PROBLEM STATEMENT: Take the lines below beginning at the line that has "Our Price **$83,991**" and stopping after the line that has "16 / Highway 23", and print them exactly as they are, with no other lines.

SOURCE INFORMATION:
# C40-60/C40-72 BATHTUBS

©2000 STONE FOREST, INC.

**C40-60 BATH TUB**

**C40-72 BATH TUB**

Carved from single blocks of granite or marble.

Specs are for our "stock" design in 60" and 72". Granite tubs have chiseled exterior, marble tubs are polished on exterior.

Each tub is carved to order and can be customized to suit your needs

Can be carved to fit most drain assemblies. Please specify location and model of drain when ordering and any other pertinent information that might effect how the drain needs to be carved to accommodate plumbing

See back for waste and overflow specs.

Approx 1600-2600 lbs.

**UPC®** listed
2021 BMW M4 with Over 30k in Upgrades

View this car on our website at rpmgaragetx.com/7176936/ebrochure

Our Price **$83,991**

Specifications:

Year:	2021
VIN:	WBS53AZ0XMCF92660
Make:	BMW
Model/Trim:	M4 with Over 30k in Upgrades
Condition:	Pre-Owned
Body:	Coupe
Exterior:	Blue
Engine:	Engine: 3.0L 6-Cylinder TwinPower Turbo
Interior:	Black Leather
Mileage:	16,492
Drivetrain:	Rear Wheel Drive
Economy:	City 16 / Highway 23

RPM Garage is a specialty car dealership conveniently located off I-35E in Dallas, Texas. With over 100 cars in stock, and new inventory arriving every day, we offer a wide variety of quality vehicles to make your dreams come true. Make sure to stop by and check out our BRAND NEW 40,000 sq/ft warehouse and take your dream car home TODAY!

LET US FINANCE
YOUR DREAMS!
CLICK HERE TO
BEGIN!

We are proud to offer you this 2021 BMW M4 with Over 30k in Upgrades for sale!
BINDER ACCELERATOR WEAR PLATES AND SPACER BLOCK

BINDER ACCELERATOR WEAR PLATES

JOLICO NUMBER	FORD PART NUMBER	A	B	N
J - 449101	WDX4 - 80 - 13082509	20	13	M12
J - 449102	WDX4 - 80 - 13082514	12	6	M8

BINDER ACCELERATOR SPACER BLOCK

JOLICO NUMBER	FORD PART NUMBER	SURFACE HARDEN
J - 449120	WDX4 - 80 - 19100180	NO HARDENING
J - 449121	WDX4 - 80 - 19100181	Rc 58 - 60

WRITTEN ANSWER:
Our Price **$83,991**

Specifications:

Year:	2021
VIN:	WBS53AZ0XMCF92660
Make:	BMW
Model/Trim:	M4 with Over 30k in Upgrades
Condition:	Pre-Owned
Body:	Coupe
Exterior:	Blue
Engine:	Engine: 3.0L 6-Cylinder TwinPower Turbo
Interior:	Black Leather
Mileage:	16,492
Drivetrain:	Rear Wheel Drive
Economy:	City 16 / Highway 23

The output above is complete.